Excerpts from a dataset

※ ※ ※

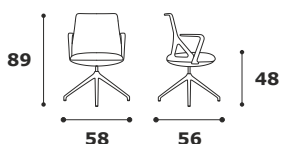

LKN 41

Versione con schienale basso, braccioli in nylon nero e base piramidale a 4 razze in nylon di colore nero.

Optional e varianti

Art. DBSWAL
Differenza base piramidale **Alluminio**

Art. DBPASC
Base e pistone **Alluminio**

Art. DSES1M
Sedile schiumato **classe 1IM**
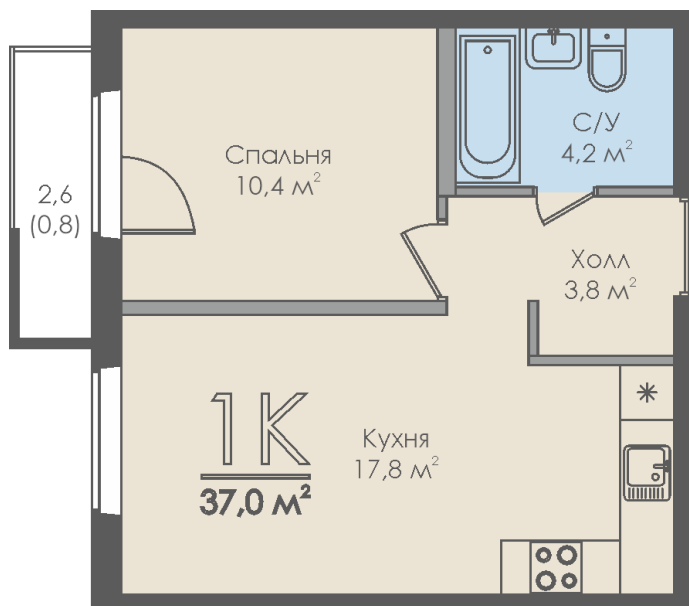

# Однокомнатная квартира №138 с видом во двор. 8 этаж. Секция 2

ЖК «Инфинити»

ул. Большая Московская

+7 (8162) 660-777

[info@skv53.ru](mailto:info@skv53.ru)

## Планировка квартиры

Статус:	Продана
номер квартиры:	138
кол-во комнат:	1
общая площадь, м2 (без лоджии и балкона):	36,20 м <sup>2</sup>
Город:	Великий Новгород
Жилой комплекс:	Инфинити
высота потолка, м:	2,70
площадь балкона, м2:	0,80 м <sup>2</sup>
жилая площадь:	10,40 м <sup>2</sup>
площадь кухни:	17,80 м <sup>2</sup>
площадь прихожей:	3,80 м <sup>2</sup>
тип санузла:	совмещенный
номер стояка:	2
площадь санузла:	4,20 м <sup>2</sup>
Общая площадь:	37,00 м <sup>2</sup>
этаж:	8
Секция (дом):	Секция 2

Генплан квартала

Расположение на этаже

※ ※ ※

- EXERCISE: I'd like every record above written out again exactly, without the pictures.

- FINISHED TASK:
LKN 41

Versione con schienale basso, braccioli in nylon nero e base piramidale a 4 razze in nylon di colore nero.

Optional e varianti

Art. DBSWAL
Differenza base piramidale **Alluminio**

Art. DBPASC
Base e pistone **Alluminio**

Art. DSES1M
Sedile schiumato **classe 1IM**

# Однокомнатная квартира №138 с видом во двор. 8 этаж. Секция 2

ЖК «Инфинити»

ул. Большая Московская

+7 (8162) 660-777

[info@skv53.ru](mailto:info@skv53.ru)

## Планировка квартиры

Статус:	Продана
номер квартиры:	138
кол-во комнат:	1
общая площадь, м2 (без лоджии и балкона):	36,20 м <sup>2</sup>
Город:	Великий Новгород
Жилой комплекс:	Инфинити
высота потолка, м:	2,70
площадь балкона, м2:	0,80 м <sup>2</sup>
жилая площадь:	10,40 м <sup>2</sup>
площадь кухни:	17,80 м <sup>2</sup>
площадь прихожей:	3,80 м <sup>2</sup>
тип санузла:	совмещенный
номер стояка:	2
площадь санузла:	4,20 м <sup>2</sup>
Общая площадь:	37,00 м <sup>2</sup>
этаж:	8
Секция (дом):	Секция 2

Генплан квартала

Расположение на этаже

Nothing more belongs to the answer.